Мари тут же села за письма. «Что рассчитывают эти дамы сделать для своих детей? Узнайте, ради всего святого! – заклинала она Софи Волконскую. – Будет ли в поездке хоть один доктор? Я не могу рисковать ребенком».
Получив такой запрос, Софи возликовала. «Мужайся, Серж! Это последнее недолгое испытание. Мари твердо решилась следовать за тобой, взяв младенца. Ты сохранишь их около себя». Потрясенный жертвой супруг излился в благодарностях жене, но Александр вовремя перехватил это письмо уже в Белой Церкви.
– Хитрая стерва, – характеризовал он Софи, вечером, сидя у камина в гостиной. Мари удалилась, и он общался с одной тетушкой. – Вообразите: написать сестре о том, что она уже приняла решение. Эта дурочка может понять дело так, будто Серж приказывает ей ехать!
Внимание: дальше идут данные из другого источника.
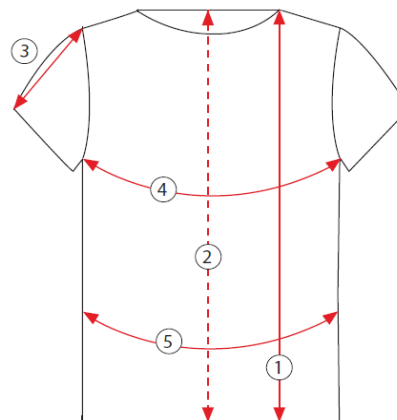

Uvedené rozměry jsou rozměry oblečení v cm
Přípustné rozdíly v rozměrech +/- 5%

STALCO
PERFORMANCE

TABULKA VELIKOSTÍ

RUNNY M

Tričko

složení: 100% Polyester

gramáž: 135 g/m²

| | Rozměry | S | M | L | XL | 2XL |
|---|-----------------------|---------|---------|---------|---------|---------|
| 1 | Délka přední strany | 69 | 71 | 73 | 75 | 77 |
| 3 | Délka rukávů | 19 | 20 | 21 | 22 | 23 |
| 4 | Obvod hrudníku | 92 | 98 | 104 | 110 | 116 |
| 5 | Obvod pasu | 88 | 94 | 100 | 106 | 112 |
| | bílá - kod produktu | S-78735 | S-78737 | S-78739 | S-78741 | S-78743 |
| | šedá - kod produktu | S-78755 | S-78757 | S-78759 | S-78761 | S-78763 |
| | zelená - kod produktu | S-78745 | S-78747 | S-78749 | S-78751 | S-78753 |

Uvedené rozměry jsou rozměry oblečení v cm
Přípustné rozdíly v rozměrech +/- 5%

STALCO
PERFORMANCE

TABULKA VELIKOSTÍ

NATURE W

Tričko Polo

složení: 100% Bavlna

gramáž: 230 g/m²

| | Rozměry | XS | S | M | L | XL |
|---|----------------------|---------|---------|---------|---------|---------|
| 1 | Délka přední strany | 63 | 65 | 67 | 69 | 71 |
| 3 | Délka rukávů | 14,5 | 15 | 15,5 | 16 | 16,5 |
| 4 | Obvod hrudníku | 86 | 90 | 94 | 98 | 102 |
| 5 | Obvod pasu | 72 | 76 | 80 | 84 | 90 |
| | bílá - kod produktu | S-78575 | S-78577 | S-78579 | S-78581 | S-78583 |
| | černá - kod produktu | S-78585 | S-78587 | S-78589 | S-78591 | S-78593 |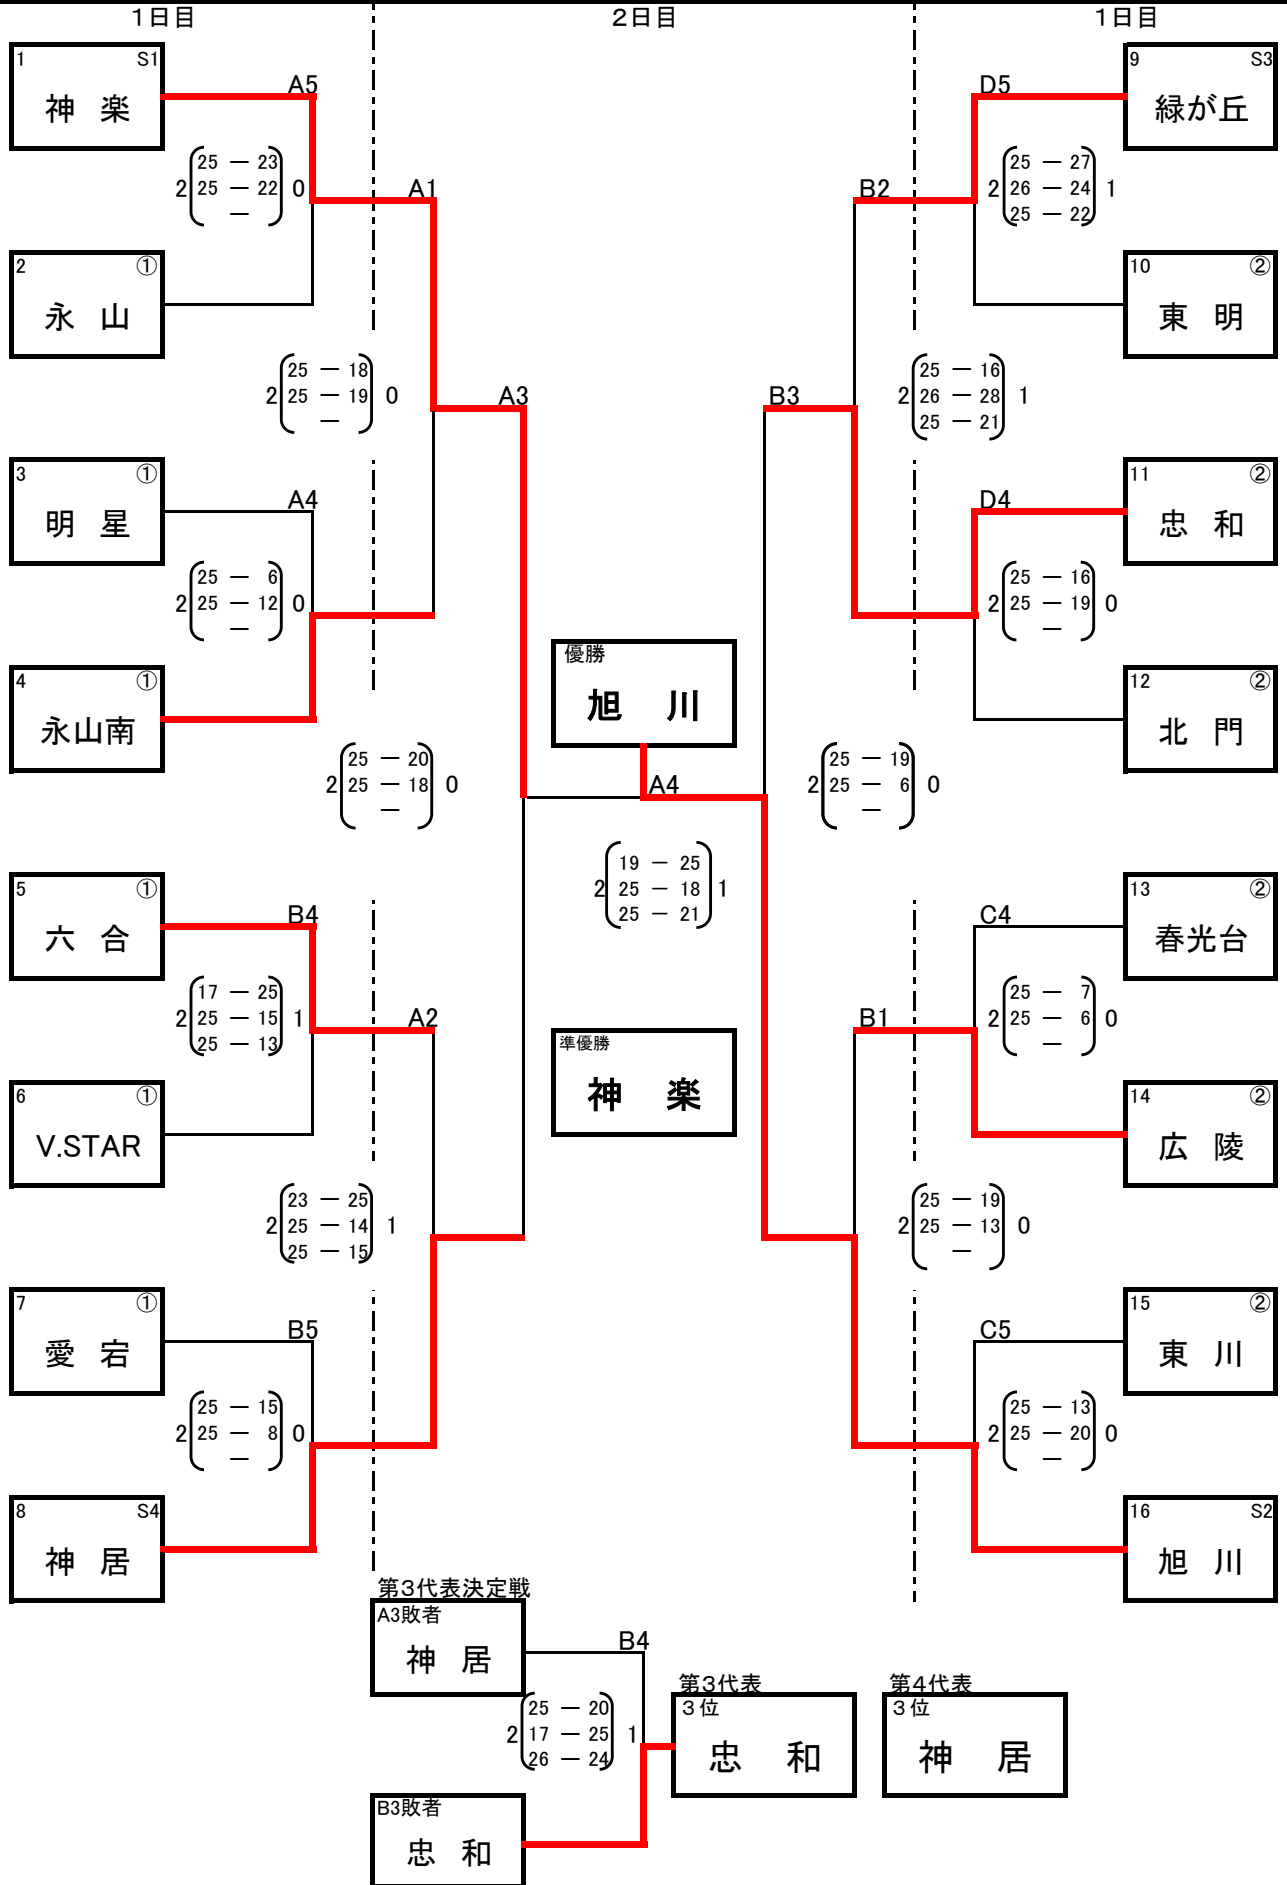

令和6年度 新人戦中学校バレーボール大会

男子トーナメント戦 結果

令和6年10月5日(土)

Aコート「北門中学校」

競技	水牧 幸夫
審判	増野 貴之
総務	松井 英輝

令和6年度 新人戦中学校バレーボール大会

女子予選グループ戦 結果

令和6年10月5日(土)

A・Bコート「愛宕中学校」

競技	白井 千貴
審判	館下 真二
総務	池内 泰斗

C・Dコート「東明中学校」

競技	榎谷 国利
審判	品田 真太郎
総務	斎藤 智洋

令和6年度 新人戦中学校バレーボール大会

女子決勝トーナメント戦 結果

令和6年10月5日(土)・6日(日)

A・Bコート「愛宕中学校」

Браницкая сокрушенно покачала седой головой.
– Разве ты поступаешь иначе? Оставь сестре выбор.
Раевский чуть не задохнулся от гнева.
– Я пекусь об ее интересах. Что будет, если она повезет Николино неведомо куда? Натурально он помрет.
– Натурально. – Старуха тяжело поднялась с кресла и похлопала племянника по плечу пудовой ладонью. – Ты печешься о своих интересах. Но сейчас это неважно. Дело в Мари.
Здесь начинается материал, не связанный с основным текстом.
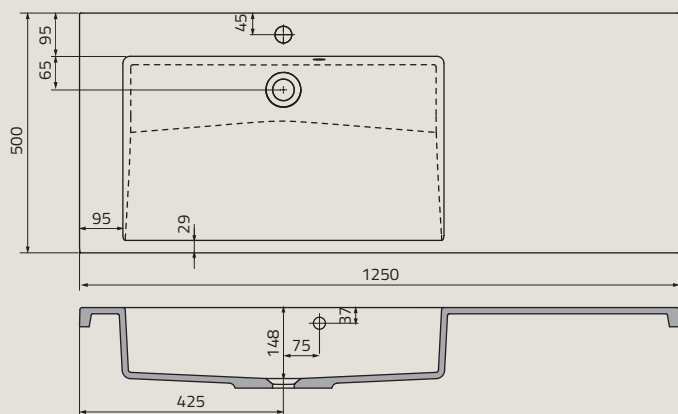

umywalki

UME-BR-125-92-L | BRYLANT 125 cm, syntetyczna, meblowa, lewa

Отчаявшись, Александр написал Сержу самое дружеское письмо из тех, какие когда-либо выдавливала из себя его холодная горделивая душа: «Дорогой брат, я благодарю вас от всего сердца за тот такт и твердость, какие вы проявили при свидании с вашей несчастной женой. От этого зависела ее жизнь. Утешьтесь тем, что сохранили для нас любимое существо. Мария и Николино никогда не будут иметь друга более преданного и усердного, чем я. В жестокие минуты, которые мы теперь переживаем, я для нее – единственная поддержка. А потому при первом случае, который вам представится, напишите ей, что я во всем действую на ее благо и от вашего имени».
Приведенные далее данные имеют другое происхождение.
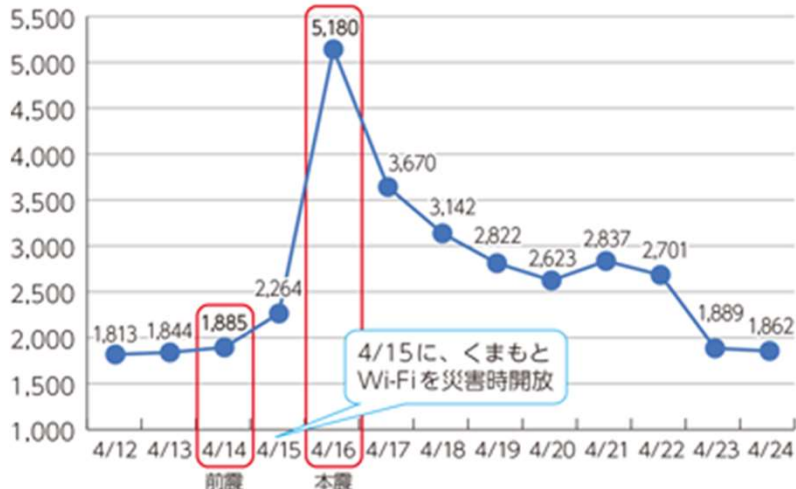

# 災害時のWi-Fi 「00000JAPAN」

[災害地周辺限定のwi-fi]

災害時の通信網は切断されて4Gも5Gも繋がりません。

しかし、災害用統一SSID「**00000JAPAN**」が運用されると繋がります。繋がらないと安否確認もできない災害地だけの**パスワードなしWi-Fi**です。（ご注意：セキュリティは保証されません）

NTT、KDDI、ソフトバンクの枠無く解放されるWi-Fiで、熊本地震で初めて採用されました。現在、100団体（通信キャリア\*9、自治体\*71、メーカー\*20）が参加し、地震災害だけではなく、台風等の災害でも発動されています。

今年1月1日（令和6年）能登半島地震（範囲：福井県、石川県、富山県、新潟県）で採用中。

熊本での実例

くまもとフリー Wi-Fiの利用状況の推移

<https://www.wlan-business.org/00000japan>

Однако подобного подтверждения Раевский не получил. Со временем оно могло помочь ему добиться опекунства. Но нет. Бюхна промолчал. Зато голос подала его сестрица, вездесущая Софи. Конечно, она писала Марии и передавала как само собой разумеющееся, будто старая княгиня Волконская, мать Сержа, уже собирает скарб в дорогу: «Мама хочет разделить с вами ваше уединение и облегчить печали. Такой поступок достоин ее нежной души, возвышенные чувства которой вы хорошо знаете. Этот подвиг несоразмерен ее физическим силам, но нравственно она способна подать пример и поддержать колеблющихся».
Последнее было оскорбительно. Тем более что отъезд семидесятилетней обер-гофмейстерины выглядел чистейшей мистификацией, единственная цель которой – подействовать на разгоряченное воображение Мари. Александр перехватил и это письмо. На сей раз он не сдержался и продемонстрировал откровения Волконских баб тетушке.
– Крохоборы! – бросила та. – Впрочем, все вы хороши. По мне, у Маши достаточно ума и рассудительности, чтобы самой оценить их заботу. Отдай ей письма и газеты. Пусть знает правду.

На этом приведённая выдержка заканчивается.